Nuts contain mostly unsaturated fat, which may be beneficial for glucose and insulin homeostasis. In a prospective cohort study, Jiang and colleagues examined the impact of nut and peanut butter consumption on the risk of developing type 2 diabetes.

The Nurses' Health Study, a survey of 121,700 registered nurses, assessed dietary information in 1980, 1984, 1986, 1990, and 1994, using a food-frequency questionnaire that included a question to determine frequency of nut consumption. In the analysis, the authors included only respondents with no diabetes at baseline and considered factors such as body weight, cigarette smoking, and family history of diabetes. The outcome measure was development of type 2 diabetes. In relating diabetes to nut consumption, the authors created four categories of consumption frequency: those who consumed nuts never or almost never, less than once a week, one to four times a week, or at least five times a week.

The authors documented 3,206 incident cases of type 2 diabetes during 1,282,892 person-years of follow-up in the 16 years from the 1980 baseline. The age-adjusted relative risk of diabetes was 0.55 percent when comparing women who ate nuts at least five times a week with those who never or almost never ate nuts. Because women who ate nuts generally weighed less than those who did not eat nuts, the body mass index (BMI) was the strongest confounding variable in multivariate analysis. The relative risk was attenuated when BMI was added to the analysis, revealing a statistically significant trend toward decreased risk. No other factors modified these results, and controlling for propensity scores still showed a lower diabetes risk in those who ate nuts. The authors noted similar results for peanut butter consumption.
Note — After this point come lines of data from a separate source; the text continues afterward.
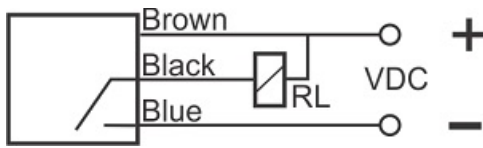

OPS-31000-ON-R18-TB-RC

Category: pre cabled trough-beam optoelectronic sensors-reciever

| | |
|------------------------|---------------------------|
| OPS-31000-ON-R18-TB-RC | Product Code |
| REC. 50X50X18 ABS | housing |
| 3 | number of wires |
| NPN TRANSISTOR | output stage |
| NO | output function |
| 1000 cm | switching distance |
| 10-30VDC | voltage range |
| 250 mA | max output current |
| -20~+60 °C | temperature range |
| 1 | indicator led |
| 2 V | max drop voltage |
| IP66 | influence protection |
| 1 | revers voltage protection |
| 0 | short circuit protection |
| CABLE3X0.25-1.5m | output |
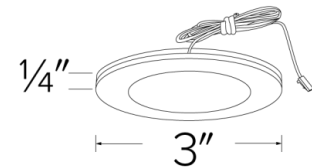

Specifications

Wattage	2.2W
Lumens	170 lm
Voltage	12V DC
Color Temp.	2700K - 3500K
Lamp Type	LED
Damp Location	Listed

Options

White

Black

Dimensions

Product Numbers

Item	Description	Lamp Type	Lumens	CCT	Watts	Voltage	Finish
E261-27W		LED	170 lm	2700K	2.2W	12V DC	All White
E261-27B		LED	170 lm	2700K	2.2W	12V DC	All Black
E261-27BZ		LED	170 lm	2700K	2.2W	12V DC	All Bronze
E261W		LED	170 lm	3000K	2.2W	12V DC	All White
E261B		LED	170 lm	3000K	2.2W	12V DC	All Black
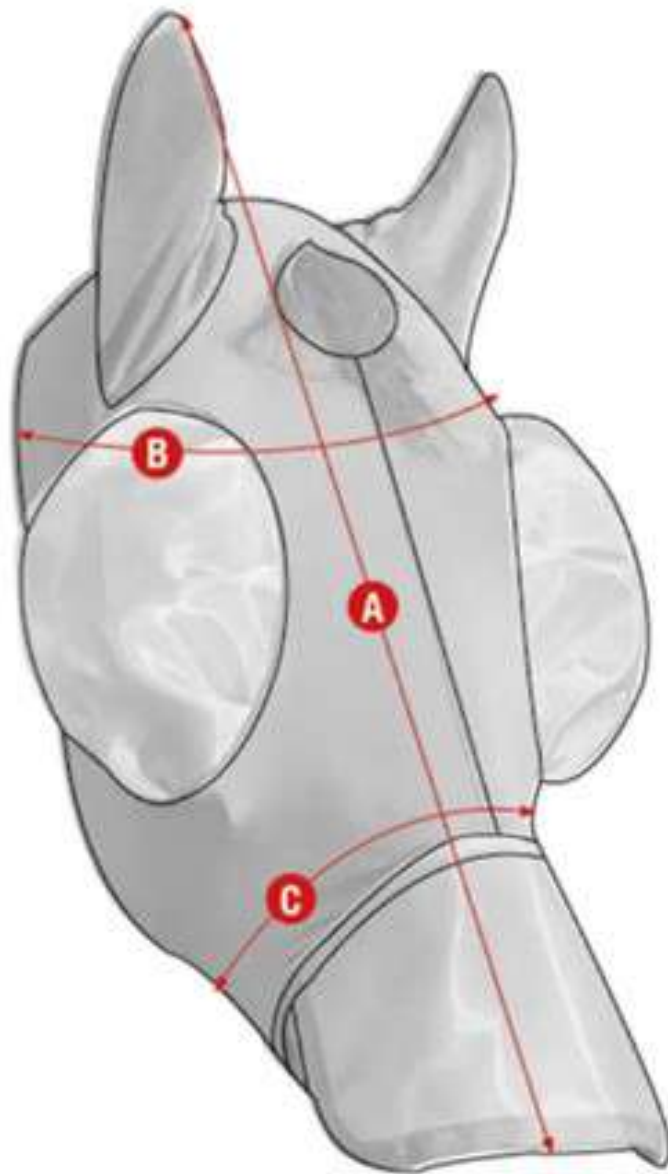

Size Guide - Bug Relief Full Mask

Size Guide - Bug Relief Full Mask

Size Recommendations

| Size | Bridle Size |
|----------|-------------------|
| X-Small | Mini / Small Pony |
| Small | Pony |
| Medium | Small Cob |
| Large | Cob |
| X-Large | Full / Large Cob |
| XX-Large | X-Full |

| Size | A | B | C |
|----------|------|------|------|
| X-Small | 60cm | 51cm | 47cm |
| Small | 63cm | 55cm | 50cm |
| Medium | 67cm | 60cm | 54cm |
| Large | 71cm | 65cm | 58cm |
| X-Large | 76cm | 70cm | 61cm |
| XX-Large | 80cm | 74cm | 64cm |

Please note: All measurements are approximate

This study correlates with other recent findings that a diet high in saturated fats decreases insulin sensitivity compared with diets containing monounsaturated fats. The authors conclude that there is an inverse relationship between nut consumption and type 2 diabetes risk. Nut consumption appears to have other benefits, including an inverse relationship with cardiovascular disease. Consumption of nuts in this study was not associated with weight gain.

Jiang R, et al. Nut and peanut butter consumption and risk of type 2 diabetes in women. JAMA. November 27, 2002;288:2554–60.